— Data under study —
┌────────
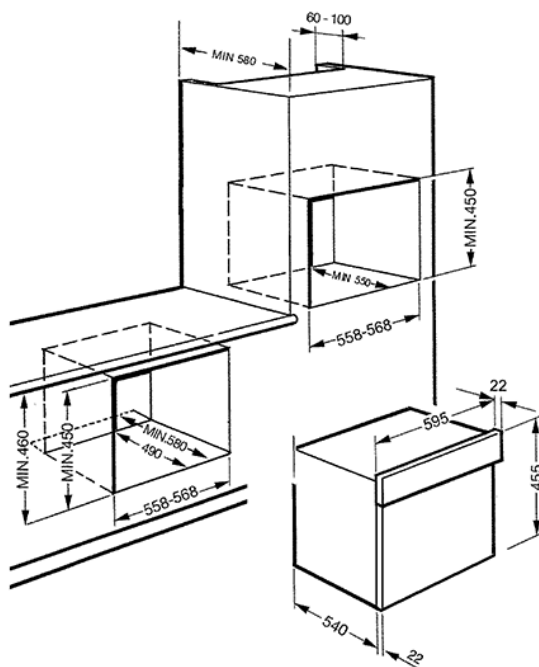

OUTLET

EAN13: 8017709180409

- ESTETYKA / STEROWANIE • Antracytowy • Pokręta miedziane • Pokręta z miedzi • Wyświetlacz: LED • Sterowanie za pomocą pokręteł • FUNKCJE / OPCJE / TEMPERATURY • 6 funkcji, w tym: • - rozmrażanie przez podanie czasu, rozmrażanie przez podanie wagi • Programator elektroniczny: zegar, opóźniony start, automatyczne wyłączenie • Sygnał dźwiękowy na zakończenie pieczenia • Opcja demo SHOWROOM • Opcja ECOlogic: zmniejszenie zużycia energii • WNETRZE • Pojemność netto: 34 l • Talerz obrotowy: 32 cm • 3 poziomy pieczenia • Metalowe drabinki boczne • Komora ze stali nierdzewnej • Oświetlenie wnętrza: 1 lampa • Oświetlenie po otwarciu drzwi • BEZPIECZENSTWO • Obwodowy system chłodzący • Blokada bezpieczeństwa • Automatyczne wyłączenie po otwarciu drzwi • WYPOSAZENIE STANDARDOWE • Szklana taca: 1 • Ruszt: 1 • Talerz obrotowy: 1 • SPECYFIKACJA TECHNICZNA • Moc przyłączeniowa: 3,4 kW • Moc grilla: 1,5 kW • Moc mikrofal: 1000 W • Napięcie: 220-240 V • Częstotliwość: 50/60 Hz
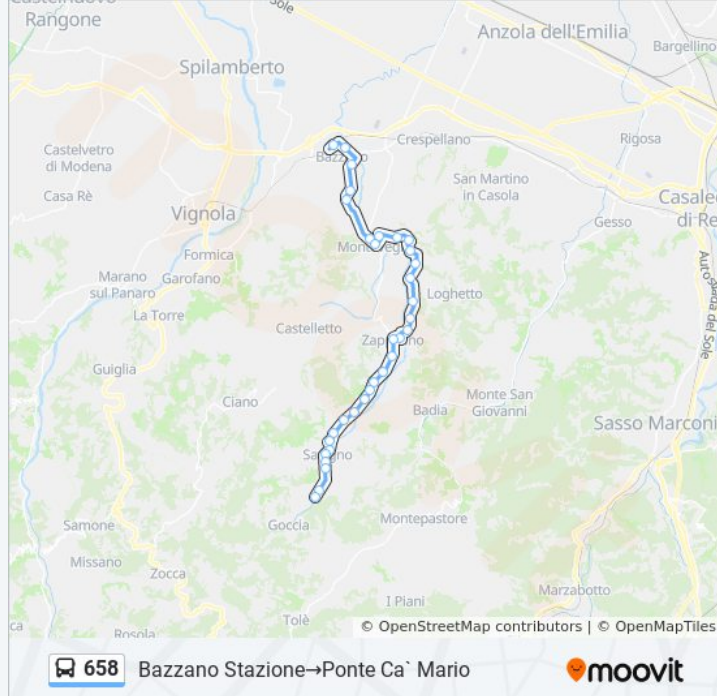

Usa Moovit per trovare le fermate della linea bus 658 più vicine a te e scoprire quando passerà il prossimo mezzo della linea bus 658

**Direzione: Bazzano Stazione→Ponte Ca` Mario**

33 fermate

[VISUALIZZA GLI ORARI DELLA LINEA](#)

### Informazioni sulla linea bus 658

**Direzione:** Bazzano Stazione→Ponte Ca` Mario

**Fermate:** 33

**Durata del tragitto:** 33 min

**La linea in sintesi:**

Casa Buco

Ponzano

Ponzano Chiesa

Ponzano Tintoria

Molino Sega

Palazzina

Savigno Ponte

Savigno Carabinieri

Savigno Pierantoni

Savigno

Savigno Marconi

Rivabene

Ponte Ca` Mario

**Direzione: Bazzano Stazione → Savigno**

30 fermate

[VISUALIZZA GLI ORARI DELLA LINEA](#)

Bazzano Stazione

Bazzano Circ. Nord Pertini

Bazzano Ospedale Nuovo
└────────
┌────────
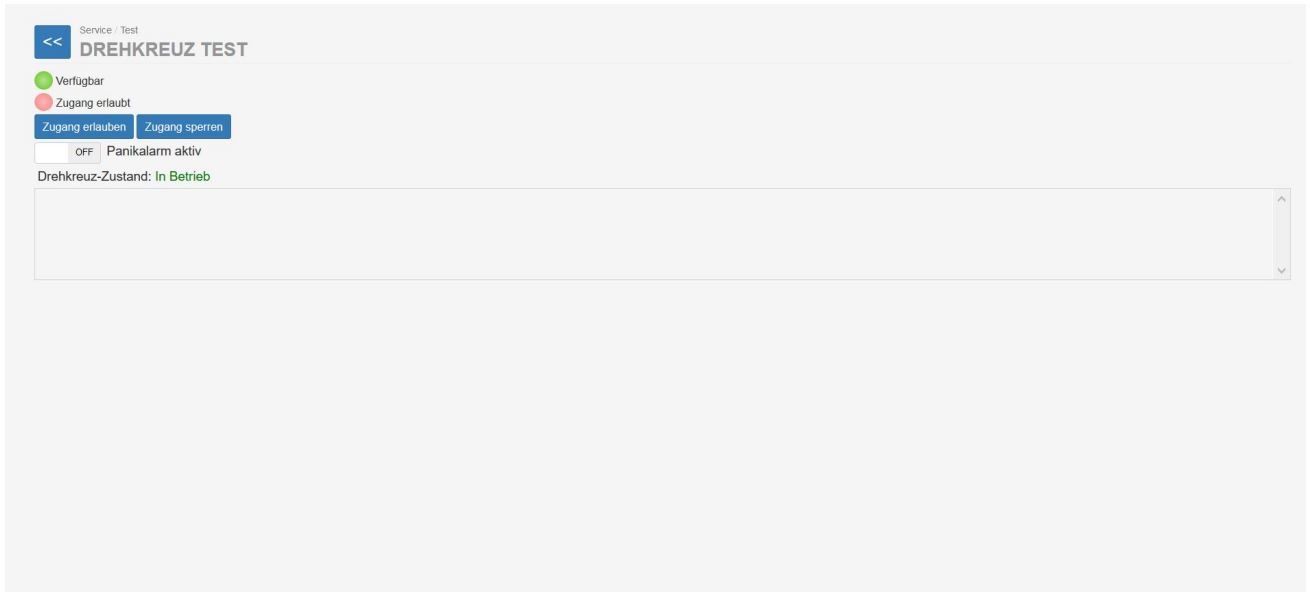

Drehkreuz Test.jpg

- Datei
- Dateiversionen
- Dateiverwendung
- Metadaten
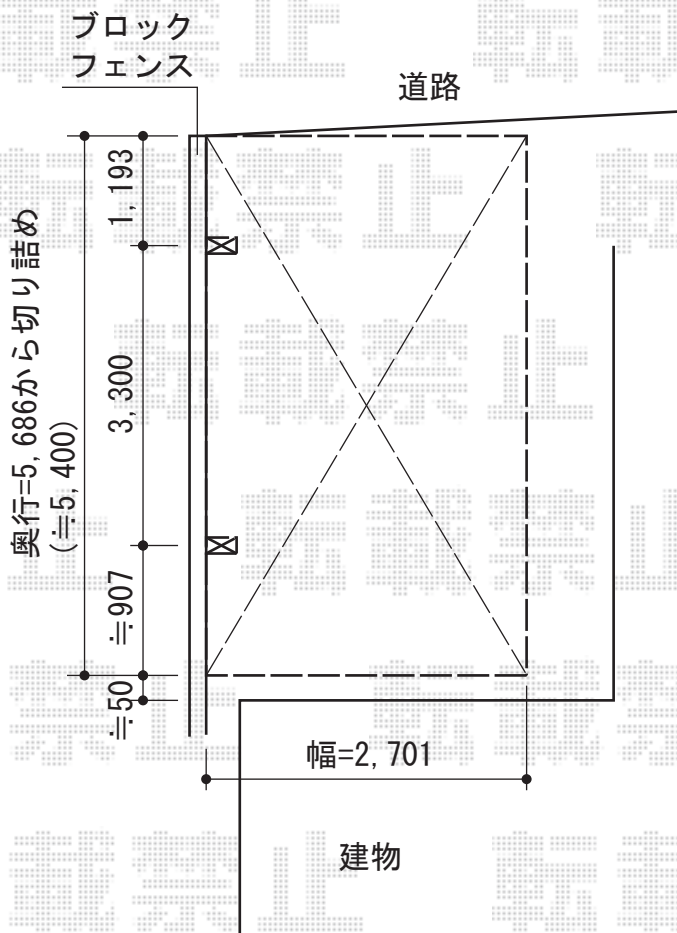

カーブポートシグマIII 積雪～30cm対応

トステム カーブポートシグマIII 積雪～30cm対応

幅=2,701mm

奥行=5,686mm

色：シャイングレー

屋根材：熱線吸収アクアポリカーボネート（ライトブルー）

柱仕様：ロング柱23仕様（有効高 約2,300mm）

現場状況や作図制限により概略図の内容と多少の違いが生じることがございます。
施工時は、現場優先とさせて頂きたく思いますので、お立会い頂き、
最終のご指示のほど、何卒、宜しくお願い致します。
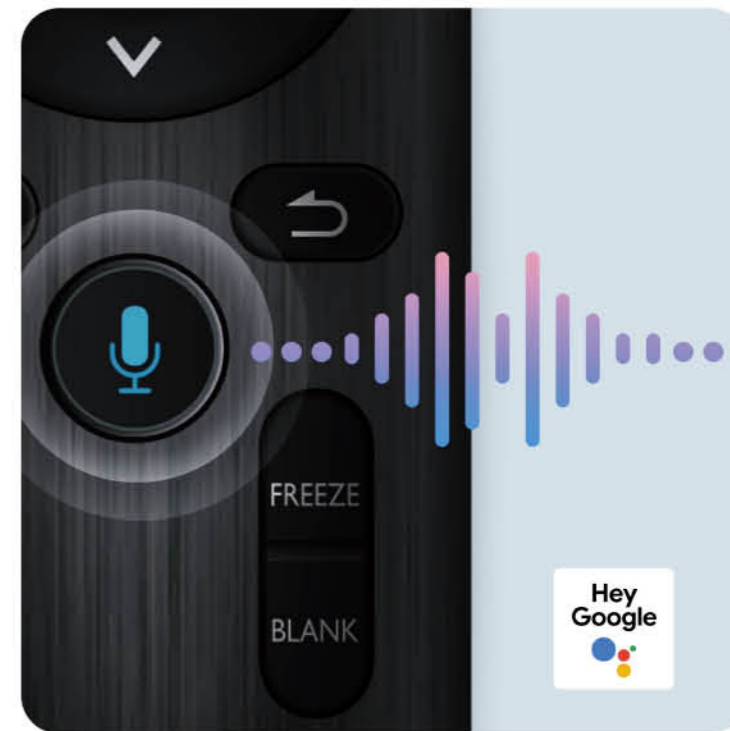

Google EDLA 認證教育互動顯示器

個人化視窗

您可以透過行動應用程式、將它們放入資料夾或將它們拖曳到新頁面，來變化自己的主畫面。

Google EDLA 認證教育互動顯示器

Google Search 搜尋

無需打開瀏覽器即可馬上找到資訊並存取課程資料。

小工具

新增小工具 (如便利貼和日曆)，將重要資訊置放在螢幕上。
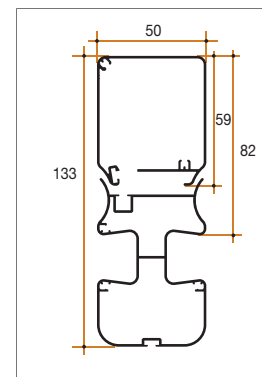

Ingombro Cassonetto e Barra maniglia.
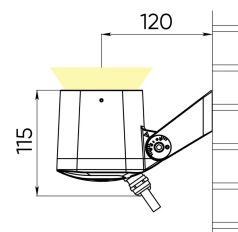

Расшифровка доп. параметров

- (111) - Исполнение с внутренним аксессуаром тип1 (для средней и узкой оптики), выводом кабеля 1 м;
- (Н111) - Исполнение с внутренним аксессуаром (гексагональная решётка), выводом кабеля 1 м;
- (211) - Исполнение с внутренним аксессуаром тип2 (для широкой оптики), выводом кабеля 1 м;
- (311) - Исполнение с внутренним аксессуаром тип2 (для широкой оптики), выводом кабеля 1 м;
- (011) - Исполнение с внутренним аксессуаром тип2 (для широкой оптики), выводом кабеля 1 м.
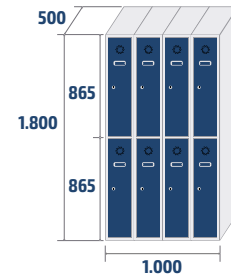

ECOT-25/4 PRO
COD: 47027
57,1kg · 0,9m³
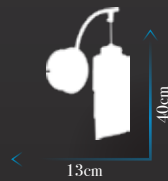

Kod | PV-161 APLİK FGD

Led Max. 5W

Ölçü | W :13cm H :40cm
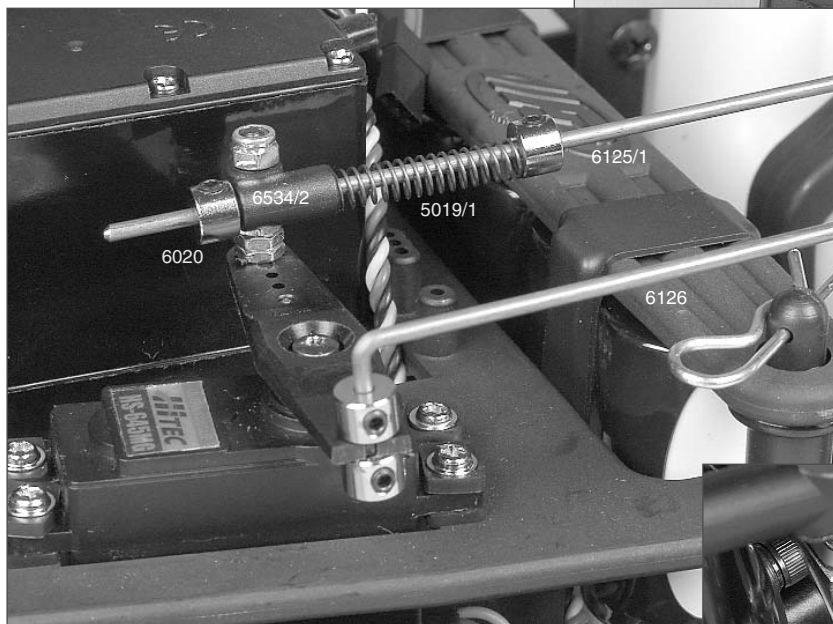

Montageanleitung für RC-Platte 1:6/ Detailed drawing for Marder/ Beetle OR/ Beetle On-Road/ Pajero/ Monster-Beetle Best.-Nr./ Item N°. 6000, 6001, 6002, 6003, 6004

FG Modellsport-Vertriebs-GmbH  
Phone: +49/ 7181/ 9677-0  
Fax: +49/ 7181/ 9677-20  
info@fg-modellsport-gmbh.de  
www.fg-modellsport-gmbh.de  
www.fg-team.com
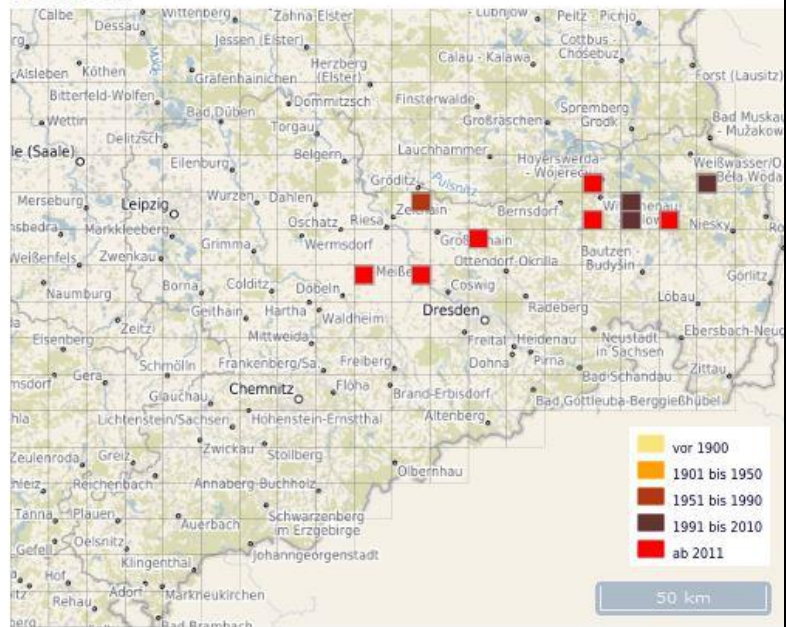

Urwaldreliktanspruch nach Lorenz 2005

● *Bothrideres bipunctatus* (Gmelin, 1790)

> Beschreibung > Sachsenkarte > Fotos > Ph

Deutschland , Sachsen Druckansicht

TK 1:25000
└────────
┌────────
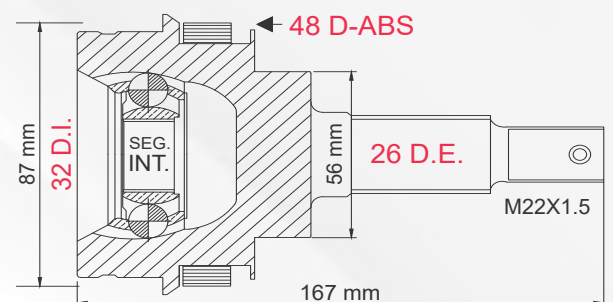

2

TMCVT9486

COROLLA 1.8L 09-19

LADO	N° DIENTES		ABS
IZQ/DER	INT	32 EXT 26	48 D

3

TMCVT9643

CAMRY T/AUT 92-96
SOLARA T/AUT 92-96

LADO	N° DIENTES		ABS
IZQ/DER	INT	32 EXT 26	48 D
└────────
— Try it —
The result should be an exact copy of only the lines above from the one that holds "現場状況や作図制限により概略図の内容と多少の違いが生じることがございます。" through the one that holds "- (Н111) - Исполнение", both ends included, without pictures.

— Problem solution —
現場状況や作図制限により概略図の内容と多少の違いが生じることがございます。
施工時は、現場優先とさせて頂きたく思いますので、お立会い頂き、
最終のご指示のほど、何卒、宜しくお願い致します。

Google EDLA 認證教育互動顯示器

個人化視窗

您可以透過行動應用程式、將它們放入資料夾或將它們拖曳到新頁面，來變化自己的主畫面。

Google EDLA 認證教育互動顯示器

Google Search 搜尋

無需打開瀏覽器即可馬上找到資訊並存取課程資料。

小工具

新增小工具 (如便利貼和日曆)，將重要資訊置放在螢幕上。

Ingombro Cassonetto e Barra maniglia.

Расшифровка доп. параметров

- (111) - Исполнение с внутренним аксессуаром тип1 (для средней и узкой оптики), выводом кабеля 1 м;
- (Н111) - Исполнение с внутренним аксессуаром (гексагональная решётка), выводом кабеля 1 м;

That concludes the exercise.